Which brings us to the second, bigger problem with the report: The commission was tasked with making it easier for Americans to vote. One of the two dominant American political parties is adamantly opposed to that goal. Despite the bipartisan trappings of the commission, despite the fact that Mitt Romney’s campaign lawyer was the co-chair, it is still the case that making it easier to vote is a priority of the Democratic Party. The more honest right-wingers make the argument explicit, but implicit in every voter ID law and attempt to shut down voter registration drives and restriction of early voting is the core conservative belief that voting should be as hard as possible, so that only the right people vote. It is only occasionally said out loud but most conservatives believe in the old saw, usually incorrectly attributed to de Tocqueville or a founding father, about democracy dying when the looters begin to “vote themselves largess from the public treasury.” Throughout American history, conservatives have opposed extending the franchise.

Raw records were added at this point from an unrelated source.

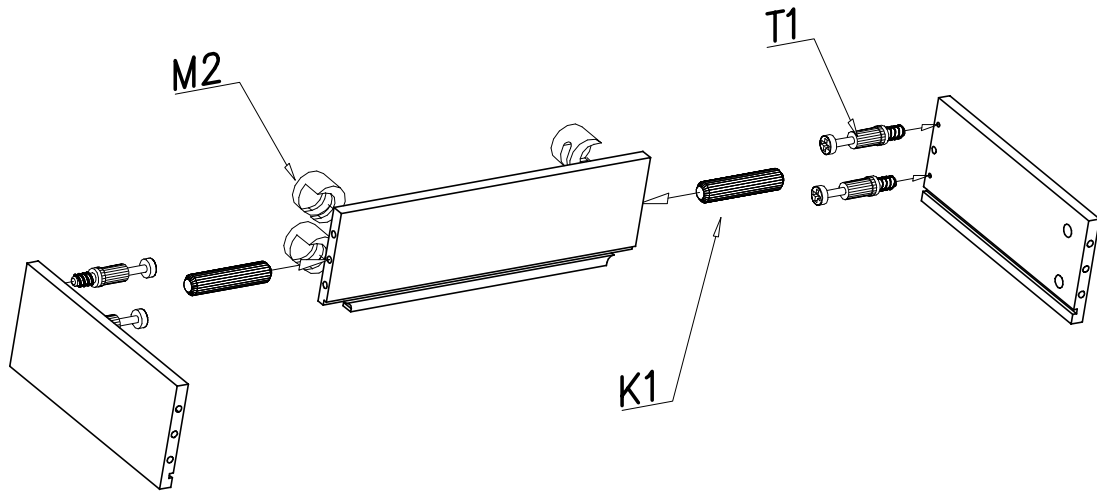

SILENE 2L

NR ART. 20540002/04

Nr	L (mm)	B(mm)	Menge
FSG	454	201	1
FSD	454	201	1
WG	600	380	1
BP	412	310	1
BL	412	310	1
NAP	412	70	1
NAL	412	70	1
WD	564	360	1
TS	418	130	2
BSP	300	130	2
BSL	300	130	2
C1	564	50	2
C2	240	50	2
LL	394	60	1
LP	394	60	1
P	408	578	1
DS	427	294	2

A3  2x	M2  16x	M1  22x	T1  38x
S2  2x	K1  32x	E1  16x	R1  3,5x16 8x
R4  3,5x30 14x			

a)

b)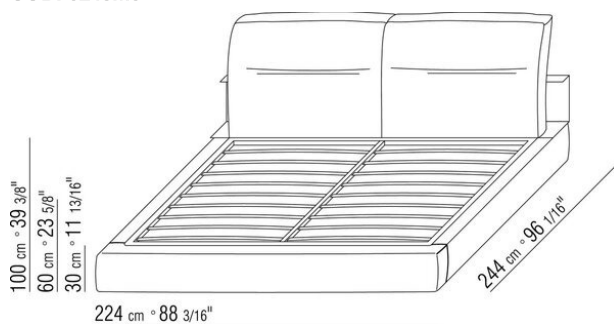

COD. 0243M5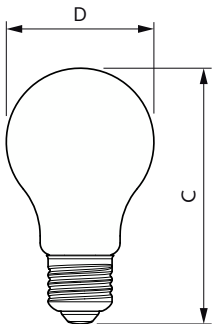

MASTER UltraEfficient LED-lyspære

Temperatur	
Maksimal temperatur for innfatningen (nom.)	70 °C

Kontroller og dimming	
Kan dimmes	Nei

Mekanikk og innfatning	
Lyspæreoverflate	Matt
Lyspæremateriale	Glass
Lyspæreform	A60
Nettvekt (stykk)	0,030 kg

Målskisse

Product	D	C
MAS LEDBulbND4-60W E27 840 A60 CL G UE	60 mm	104 mm

MASTER UltraEfficient LED-lyspære

Fotometriske data

Light Distribution Diagram - MAS LEDBulbND4-60W E27 840 A60 CL G UE

Spectral Power Distribution Colour - MAS LEDBulbND4-60W E27 840 A60 CL G UE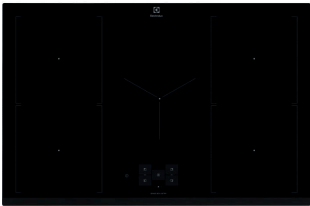

Inbyggnadshäll EIS8648

- › **Perfekt matlagning med minsta ansträngning.** – Släpp lös din fantasi med SensePro® induktionshäll.
- › **Njut av perfekt resultat med matlagningstermometern** – Den trådlösa matlagningstermometer mäter innertemperaturen i maten så du vet exakt när den är klar.
- › **Styr din häll med en intuitiv touchdisplay** – En enkel touchdisplay gör hällen enkel att använda.
- › **Med Bridge-funktionen kan zoner slås ihop till en större kokzon** – Med Bridge-funktionen kan du slå ihop två zoner på hällen och få en stor kokzon.

Typ av ram Glaset fasat i framkant

Mått B x D (mm) 780x520

Inbyggnadsmått H x B x D, mm 44x750x490

Antal kokzoner 4

Typ av installation Ovanpåliggande

Kastrullavkänning

Inbyggnadshäll HOB890CMF

- › **Tillagningshjälp – en perfekt sous chef i köket** – Sense Boil & Fry– intuitivt perfekta resultat och energibesparingar.
- › **Sense Boil & Fry – din personliga köksassistent** – Sense Boil & Fry – hjälper gärna till så du får perfekta resultat.
- › **CookSmart Touch-display. Du får automatiskt utmärkta resultat** – CookSmart Touch-displayen ger enkel tillagningshjälp.
- › **Dra nytta av funktionerna för tillagningshjälp och få praktisk vägledning** – Funktioner för tillagningshjälp och enkel stegvis vägledning.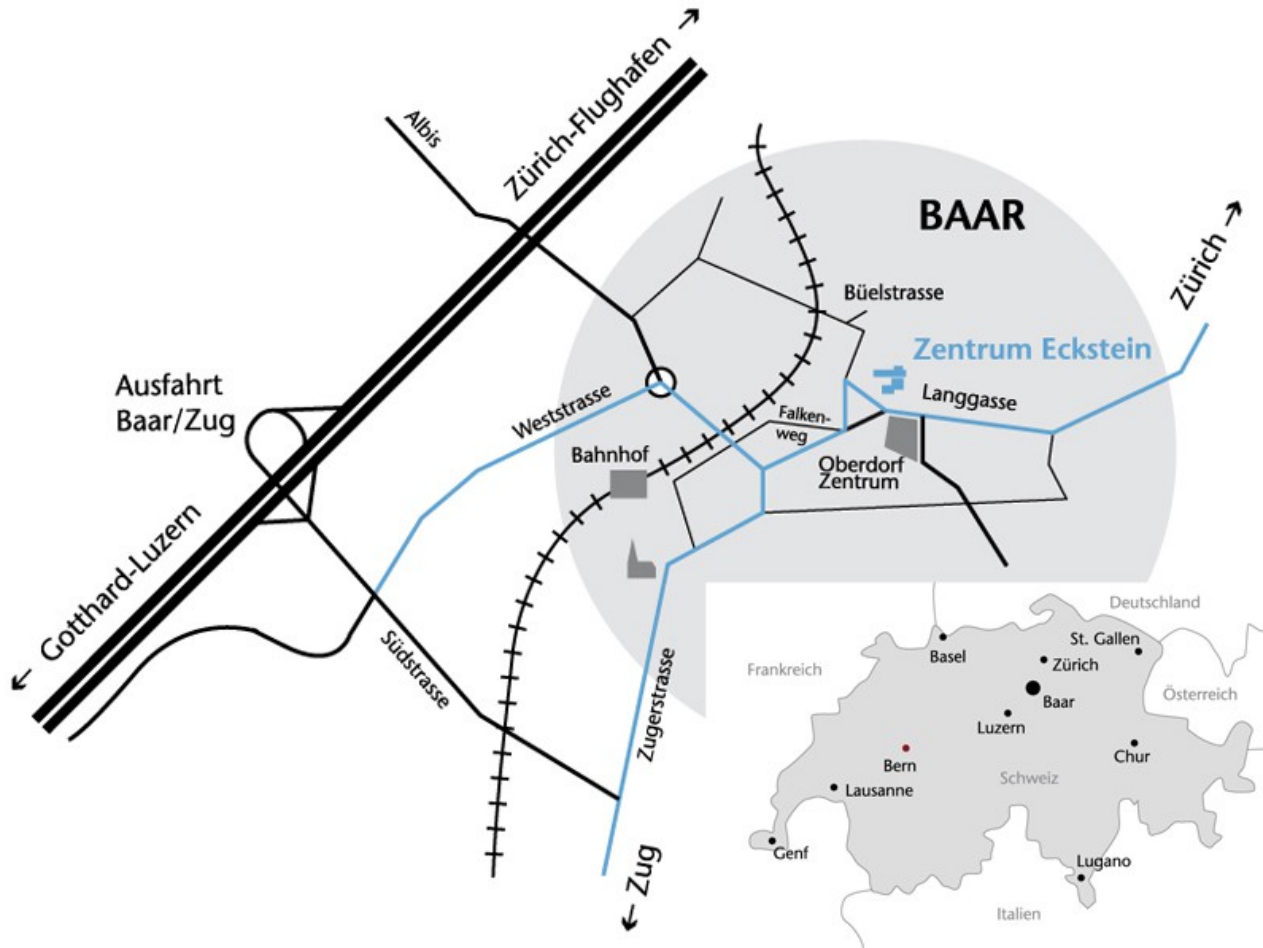

### • Anfahrt Workshop Schweiz •

Sehr geehrte Damen und Herren,

anbei erhalten Sie die Anfahrtsbeschreibung für den Updateworkshop Schweiz in Baar.

Wir freuen uns auf Sie!

Ihr BBSOft Workshop Team

### aus Richtung Zug

in ca. 10 Min mit dem Auto oder mit dem Bus 3 ab Bahnhof Zug bis Haltestelle "Baar, Oberdorf" (direkt vor dem Begegnungs- und Bildungszentrum Eckstein)

### aus Richtung Zürich

in knapp 30 Min mit dem Auto via Sihlbrugg oder mit direkten Zügen Zürich → Baar (S 21 oder InterRegio-Züge)

### aus Richtung Luzern

in knapp 30 Min mit dem Auto via A2/A14/A4, Autobahnausfahrt Baar oder mit direkten Zügen Luzern → Baar (S21 oder InterRegio-Züge)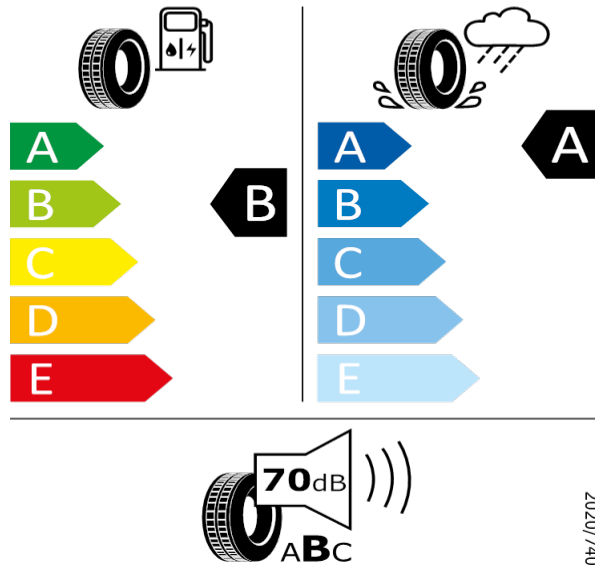

GOODYEAR - 205/50 R17 89V - J59

SCALA/KAMIQ-17" kola z lehké slitiny Stratos

GOODYEAR 546233

205/50 R17 89V C1

[Zpět na Rejstřík](#)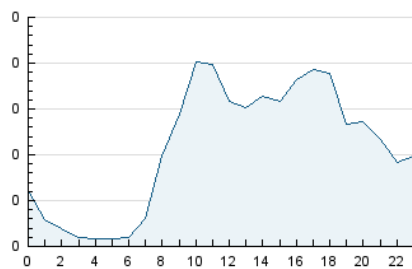

2. Seccions (Nacional)

	PÀGINES	%
HOME	1.211	25.52 %
RESTA	3.535	74.48 %

3. Per dia del mes (Nacional)

Dia	N. únics	Visites	Pàgines	Dia	N. únics	Visites	Pàgines	Dia	N. únics	Visites	Pàgines
1	87	97	183	11	58	60	114	21	76	82	144
2	77	83	194	12	67	76	177	22	62	68	131
3	96	101	195	13	51	58	117	23	91	103	139
4	86	91	191	14	76	86	128	24	81	85	137
5	99	105	209	15	38	40	68	25	83	87	162
6	85	92	139	16	74	80	181	26	105	120	223
7	89	97	190	17	39	43	64	27	76	83	118
8	64	68	111	18	58	59	103	28	107	126	214
9	56	62	146	19	77	85	137	29	68	79	159
10	64	75	133	20	62	69	105	30	132	145	282
								31	79	83	152

4. Gràfiques (Nacional)

4.1 Per dia de la setmana (promig)

N. únics / Visites (x 100)

Pàgines (x 100)

4.2 Per franja horària (promig)

Visites (x 1000)

Pàgines (x 1000)

4.3 Per mesos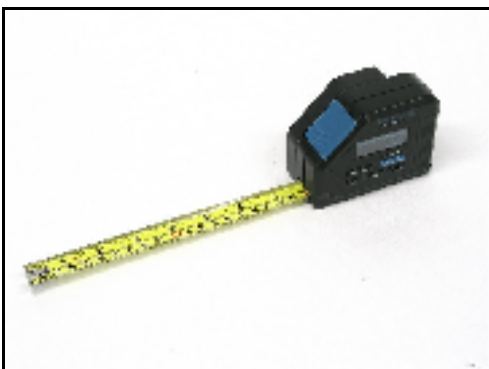

### **020000095**

Duimstok van licht metaal, 1 meter, met puntindicatie bij elke centimeter en brailletekens op elke 5 centimeter.

**020000096**

Duimstok van licht metaal,  
2 meter, met puntindicatie bij elke  
centimeter en brailletekens op elke 5  
centimeter.

**020000174**

Rolmeter 2 meter, met puntindicatie  
tot 1,50 bij elke centimeter en  
braillecijfers op elke 10 centimeter,  
inclusief vastzetknop

**020001321**

Franssprekende rolmeter,  
keuzemogelijkheid bij het meten :  
mm, cm of meter, meting met of  
zonder kast. Geheugenfunctie tot  
max 999 meter, meterblokkering en  
riemclip.  
Automatische uitschakeling na 5 sec.  
Afmetingen 9,5 x 7,5 x 5 cm,  
kleur zwart, inclusief beschermetui.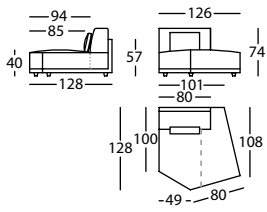

HAPPEN by Rafa García, 2010

Respaldo bajo / Low back / Dossier bas

256.17.NH.D

HAPPEN MOD TERMINAL 126 DCHO ALTO 74
HAPPEN RIGHT TERMINAL MODULE 126 HEIGHT 74
HAPPEN MODULE TERMINAL 126 DROIT HAUT 74

1,18 m³ / 1 Pack. / 35,0 kg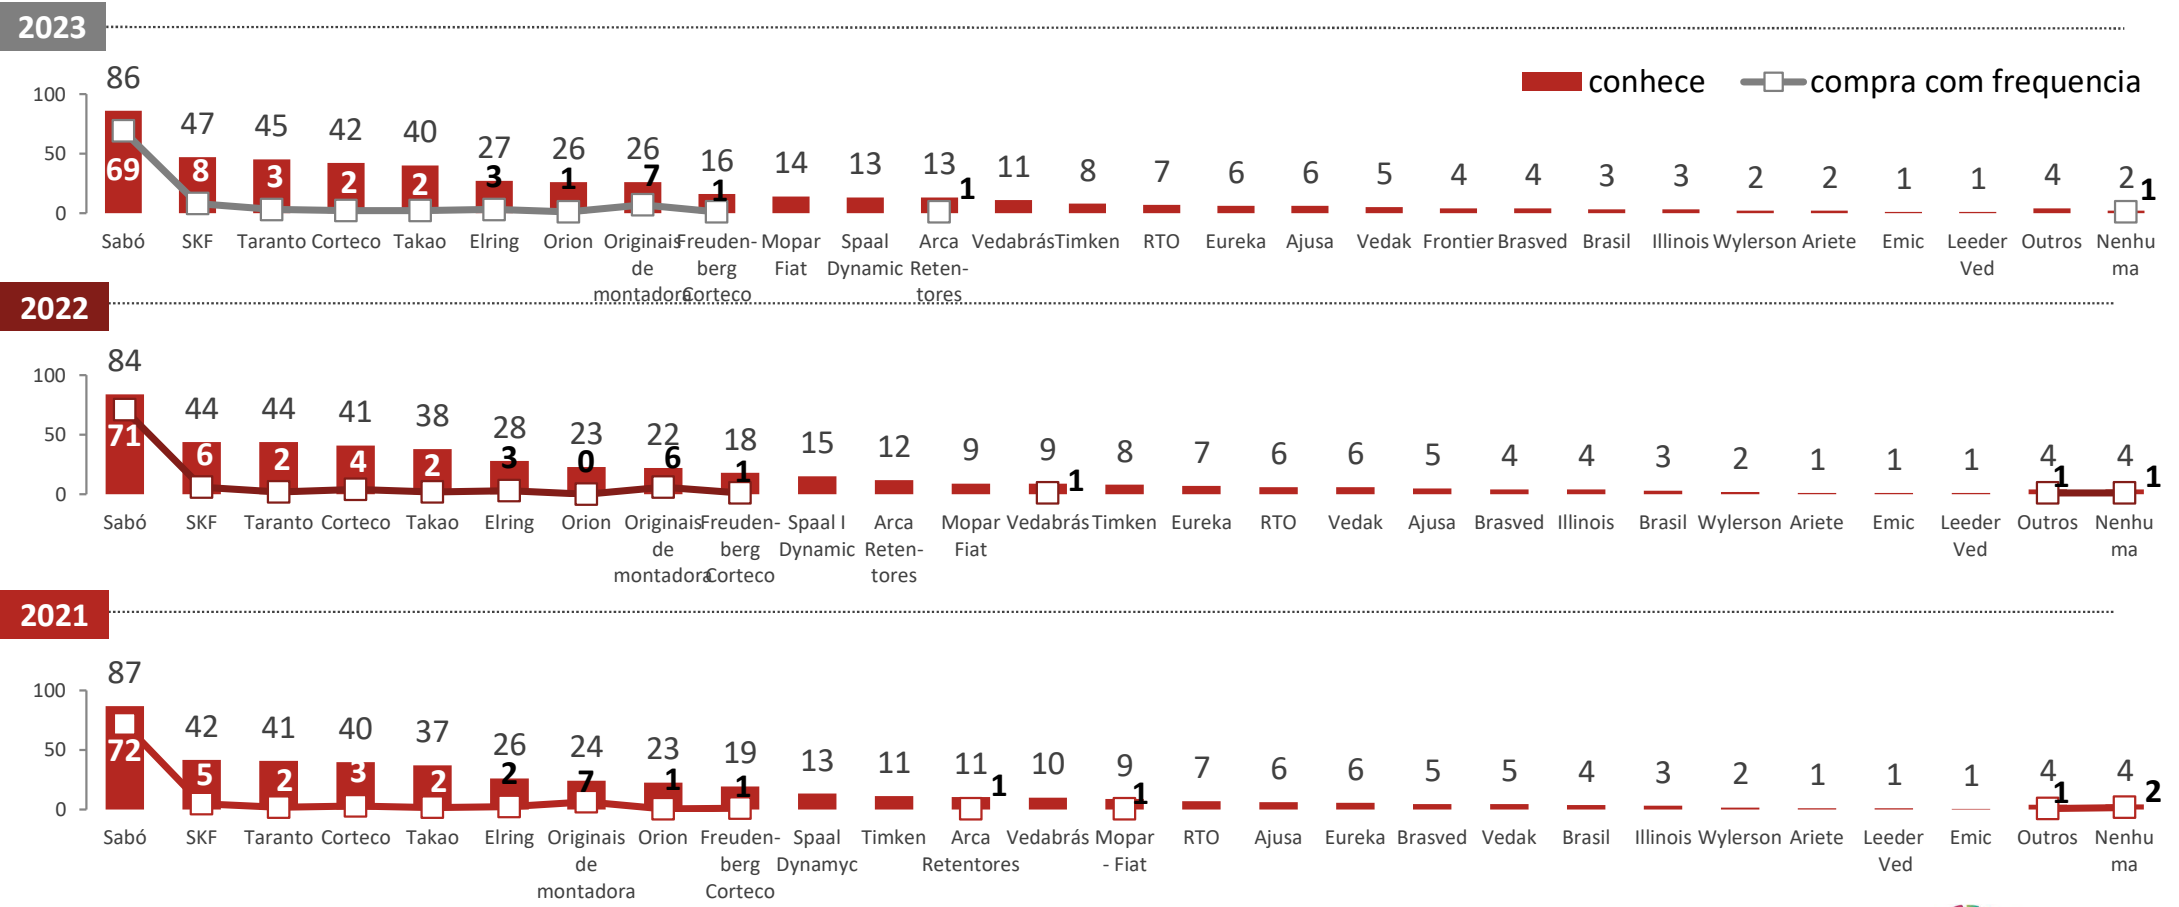

26A. Qual marca de radiadores você compra com mais frequência? (RU)

Base Amostra: 2021: (1026) | 2022: (1074) | 2023: (1071)

Base (quem conhece alguma marca): 2021: (964) | 2022: (999) | 2023: (1015)

MARCAS DE RETENTORES

Mais conhecida(s): **SABÓ**
 Comprada(s) com mais frequência: **SABÓ** %

27. Quais marcas de retentores você conhece? (RM)
 27A. Qual marca de retentores você compra com mais frequência? (RU)

Base Amostra: 2021: (1026) | 2022: (1074) | 2023: (1071)
 Base (quem conhece alguma marca): 2021: (981) | 2022: (1033) | 2023: (1046)

In addition to their philosophical opposition to democracy, Republicans have a more pragmatic reason to making voting as difficult as possible: Recent national election results show an unmistakable correlation between turnout and Democratic Party success. As Dave Weigel points out, some of the commission’s recommendations will make it easier for traditionally Republican blocs like religious voters (and military voters! and the elderly!) to vote, but Republicans believe, with plenty of supporting evidence, that in America in 2014, bigger turnout means more Democratic voters. A bipartisan commission won’t convince Republicans to abandon their campaign to use every tool at their disposal to depress the vote.